What to produce. Write out, exactly and in full, the records given below, but not their pictures.

(Stored data)
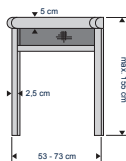

WIT RAL9010

BREEDTE TOT
73 cm

HOOGTE TOT
155 cm

Let op

Geschikt voor:

- Ramen die naar buiten draaien: montage binnen
- Ramen die naar binnen draaien: montage buiten
- Montage op en in het kozijn
- Dakramen

Kenmerken:

www.bruynzeelhomeproducts.nl

Answer to this task.
WIT RAL9010

BREEDTE TOT
73 cm

HOOGTE TOT
155 cm

Let op

Geschikt voor:

- Ramen die naar buiten draaien: montage binnen
- Ramen die naar binnen draaien: montage buiten
- Montage op en in het kozijn
- Dakramen

Kenmerken:

www.bruynzeelhomeproducts.nl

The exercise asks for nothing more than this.